Tuesday, March 6, 2012

Alternate Saving Throws for B/X D&D

This morning I read about Mike Mearls running a B/X campaign and thinking about house rules for Saving Throws. Of course some people like saving throws the way they are but I can appreciate Mike's feeling that having a spider one-shot your 1st level character feels different from your 10th level character.

Mike's suggestion is to have the effect requiring saving throw only kick in when your hit points drop below a certain level:

Here's my idea. A save or die effect kicks in only if a character is at or below a certain hit point threshold, and that threshold is determined by the power of the effect and the creature. We can extend the effect to things such as paralysis, which can take you out of the fight. Like this:
If a ghoul's claw damage reduces a creature to 10 or fewer hit points, the creature must make a save or be paralyzed.
The medusa's gaze forces creatures currently at 25 or fewer hit points to make a save or be turned to stone.
A creature hit by Tiamat's tail stinger must make a save or die. (Powerful creatures might lack any hit point limit for their save or die attacks.)
I like this suggestion - I've had similar thoughts about tying hit point level to character effectiveness. However with Mike's suggestion it is another thing for DM's to track, and while not overly cumbersome I have an alternate idea that might be a little more streamlined and fun (to me anyway).
Saving Throws
Roll your saving throw die and add the result to your hit points. If the result is equal to or higher than the character’s saving throw target number, the saving throw succeeds.

This could be used "as is" with systems like B/X D&D, Swords & Wizardry, Labyrinth Lord for situations where you only want the saving throw failure to apply to weakened or novice characters (or monsters). If you want to use this hit point based saving throw alternative but not given the characters a big advantage switch the saving throw dice from a d20 to a d12.

We could even create a new set of saving throw numbers and use different sized dice for the different types of saving throws. d12 for poison, d10 for wands, d8 for paralysis, d6 for dragon breath and d4 for spells.

6 comments:

garrisonjames said...

Genius. I really, really like this idea. switching-up the type of dice used for different types of Saves is a great idea.

Digital Orc said...

I found this idea interesting and wrote a post about it: http://www.digitalorc.blogspot.com/2012/03/saving-throw-house-rule-analysis.html

Thanks!

Brendan said...

I'm not sure how I feel about this rule. I don't hate it, but I'm not sold yet. I like the fact that saves are tied to nothing but levels. Levels are impossible to optimize through builds. You have to earn them.

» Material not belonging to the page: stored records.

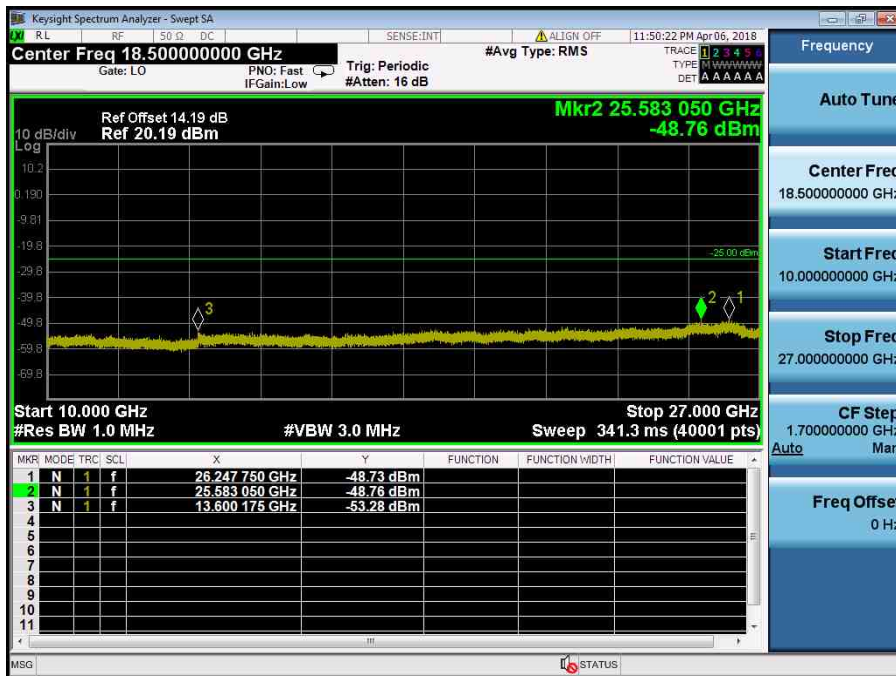

LTE Band 41 / 10MHz / QPSK - RB Size/Offset (1/25) – Low Channel

LTE Band 41 / 10MHz / 64QAM - RB Size/Offset (50/0) – Mid Channel

LTE Band 41 / 10MHz / 64QAM - RB Size/Offset (50/0) – Mid Channel

LTE Band 41 / 10MHz / QPSK - RB Size/Offset (1/49) – High Channel

LTE Band 41 / 10MHz / QPSK - RB Size/Offset (1/49) – High Channel

LTE Band 41 / 5MHz / 64QAM - RB Size/Offset (25/0) – Low Channel

LTE Band 41 / 5MHz / 64QAM - RB Size/Offset (25/0) – Low Channel

LTE Band 41 / 5MHz / 64QAM - RB Size/Offset (12/0) – Mid Channel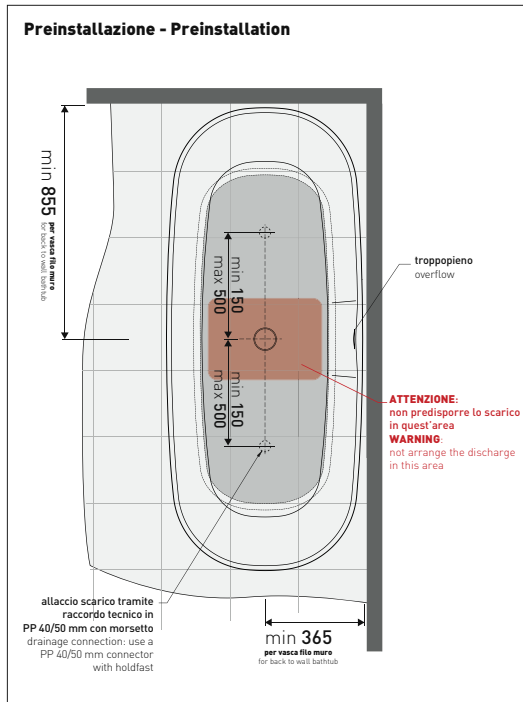

PY170V Play 170

Freestanding bath-tub 170 cm - drain cover matching color the bathtub (drainage system art. SIFVA4 included)
 • with overflow

Complements: **Line taps bath-tub:** ONE - NOKÉ - SI - FOLD - X1 - STIL
Line accessories: TWO - HOOP - FOLD

Dim. Imballo

Peso 110 kg

Pz. Palet n° 1

UNI EN 14516 - CL1

Dop-No14516

vista zenitale / zenital view

Capacità Max / Max Capacity 310 L.
Peso Netto / Net Weight 110 Kg.

vista frontale / frontal view

sezione laterale / section

vista laterale / lateral view

sezione longitudinale / section

sizes in mm

Please consider a 2% tolerance on indicated measurements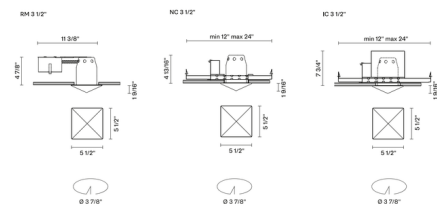

CLICK TO VIEW PRODUCT

Notes: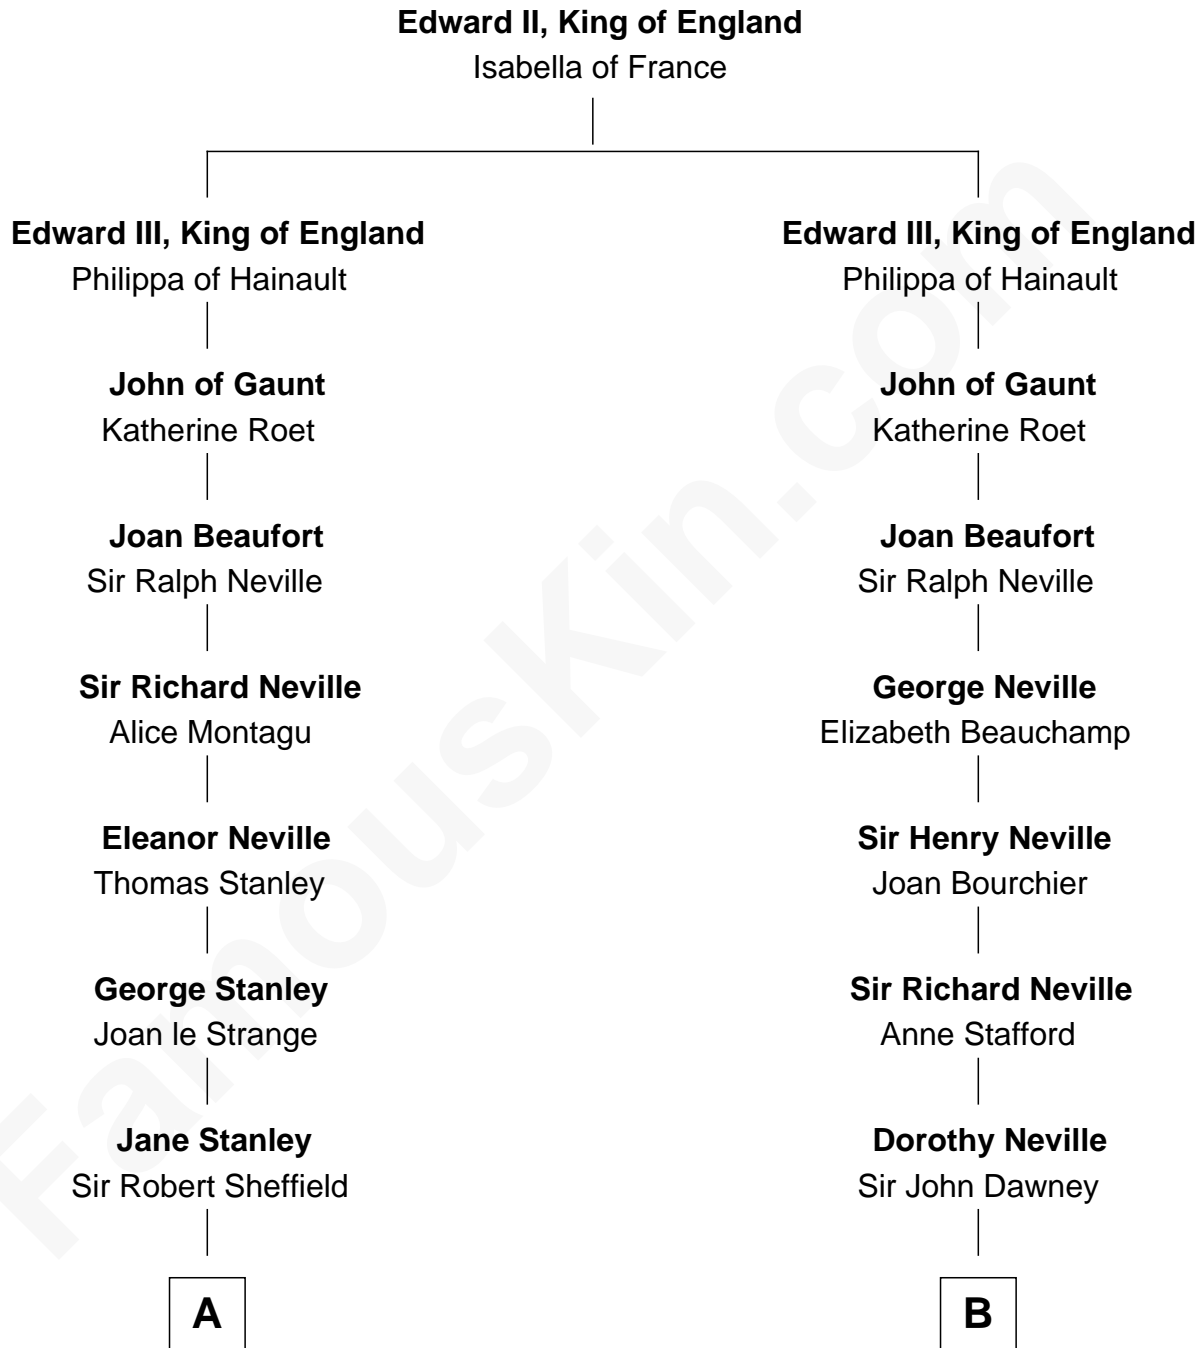

FamousKin.com

Relationship Chart of

Cara Delevingne

Fashion Model and Movie Actress

20th cousin 1 time removed of

Jimmy Carter

39th U.S. President

C

Sir Berkeley Digby George Sheffield
Julia Mary de Tuyll van Serooskerken

John Vincent Sheffield
Anne Margaret Faudel-Phillips

Jane Armyne Sheffield
Sir Jocelyn Edward Greville Stevens

Pandora Anne Stevens
Charles Hamar Delevingne

Cara Delevingne
Model and Actress

D

James E. Pratt
Sophronia C. Cowan

Nina Pratt
William Archibald Carter

Earl Carter
Lillian Gordy

Jimmy Carter
39th U.S. President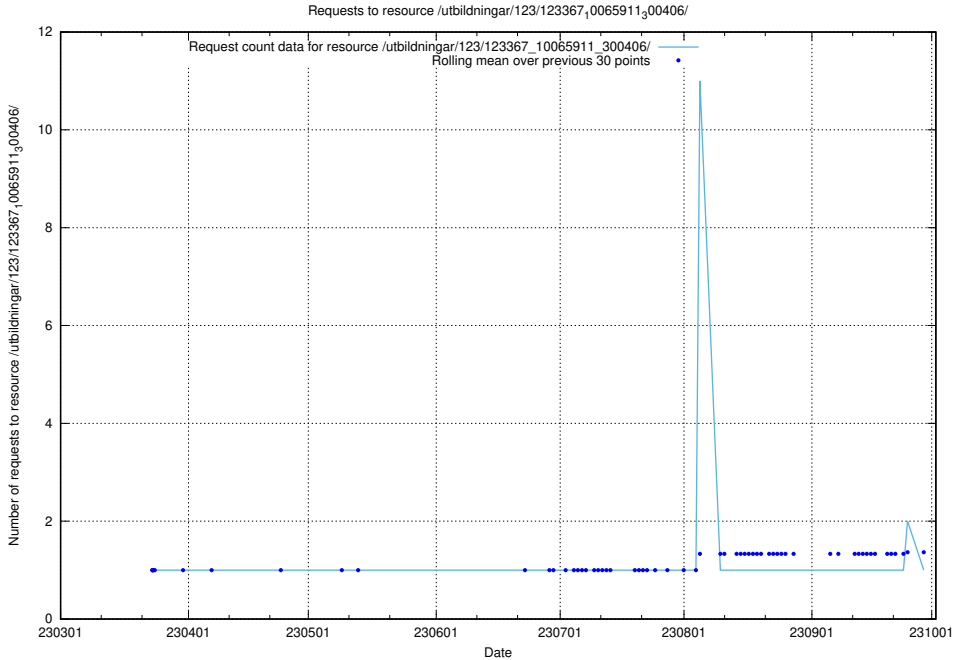

5.1398 Usage of /utbildningar/123/123367_10065911_300406/

Here, we count the number of requests to resource /utbildningar/123/123367_10065911_300406/.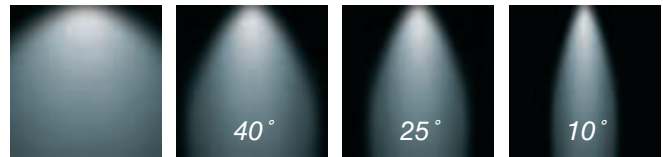

BRITE™ 3

LED OUTDOOR RATED

TYPE:

PROJECT NAME:

MODEL # WATT LED OPTICS FINISH VOLTAGE

DESCRIPTION:

Drive over outdoor axial spotlight with IP68 rating. AISI 316L steel ferrule; tempered glass 10 mm thick. Can be installed without draining. Provided wired with a 1.5m neoprene cable.

INSTALLATION NOTE:

Must be wired in series when two or more are wired together with same driver.

SPOT LIGHT

BRITE 3 Dimensions

L5CB32

WATTAGE 5W 10W 9W (ONLY FOR RGB)

L5CB33

WATTAGE 5W 10W 9W (ONLY FOR RGB)

VOLTAGE 120V 220V 277V

ACCESSORIES

L5WC0104

LED COLORS

- 0. 5000K WHITE 5. 3000K WHITE
 - 1. BLUE 6. RGB
- (*The RGB color is only for 9W)

FINISH I. STAINLESS

OPTICS

- L. 40° M. 25°
- S. 10° D. DIFFUSED BEAM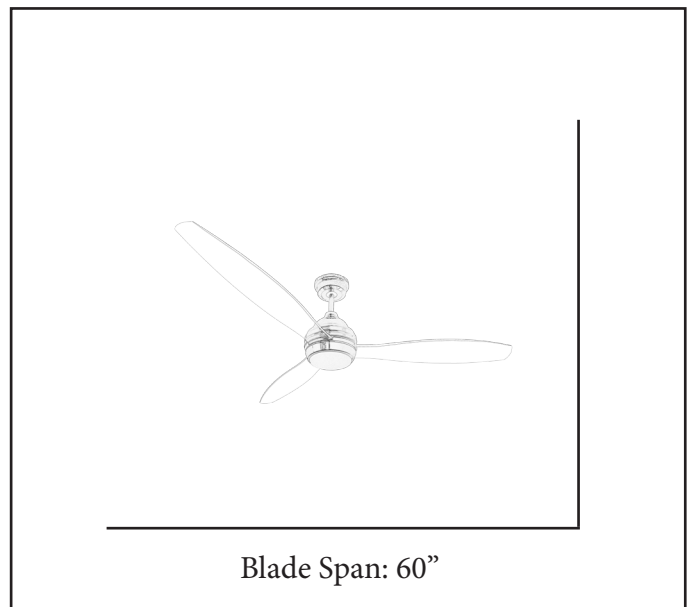

ELECTRICAL REQUIREMENTS: Fixture requires a grounded electrical supply line of 120 volts AC.

INSTALLATION REQUIREMENTS: Fixture attaches to electrical junction box securely anchored in wall or ceiling.

All mounting hardware included.

Product specifications subject to change without notice.

HOMEnhancements/ 1505-A Kelly Blvd., Carrollton, TX. 75006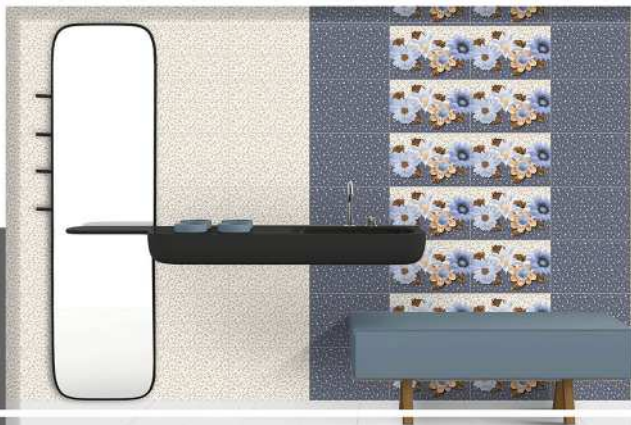

Floor Available in Dark tile
375x250mm Matt
(Anti Skid Punch)

177

LT-176

HL-1

DK

www.ncraze.com

375X250MM
GLOSSY

NCRAZETM
World of X'clusive Tiles

Further, if you tie saves to HP, that becomes one more reason why PCs will not want to enter combat without full everything. Whether that is a good or bad thing depends on the campaign in question, but it will probably lead to more emphasis on healing magic (clerics as medics, wands of cure light wounds, etc).

FrDave said...

I am intrigued. I like the possibility of have the different sized dice attached to class: Dwarves and Halflings have higher dice vs. poison and magic for example. I know this is very 3.5ish, but saving throws could have target numbers based on what is being saved from rather than based on class. Are there other effexts that can be garnered from the mechanic? Damage done instead of death? As I said, I am intrigued...

1d30 said...

A bit like capturing Pokemon in a ball actually. A spider bite doesn't poison you until it wears you down a bit, then bites again.

Then again, I like the idea of a spider biting you and injecting poison straight away.

I solve this by making weak monsters cause weak poison types. A 1 HD spider does poison at +4 bonus to save and if you fail you take -2 to all rolls. A 3 HD spider might be +4 save and 15 damage if you fail (D&D1 poison type A). This way one shot of poison probably won't kill you unless you're out of your depth.

I still have save or die effects, just not on low-HD monsters. Consider the spells available to PCs of a given level, and assign potential monster abilities based on their HD. This prevents a 1 HD monster with Prismatic Sphere or something.

Gene Sollows said...

I like your solution for save or die effects (the 1d12 plus current hit points was inspired) but I think there then needs to be a secondary effect even if you make the save, whether it's hit point or ability score damage. After all, under the proposed system, a 4th level character would be Immune from the effects completely, unless you stay with the "1" roll as an automatic failure.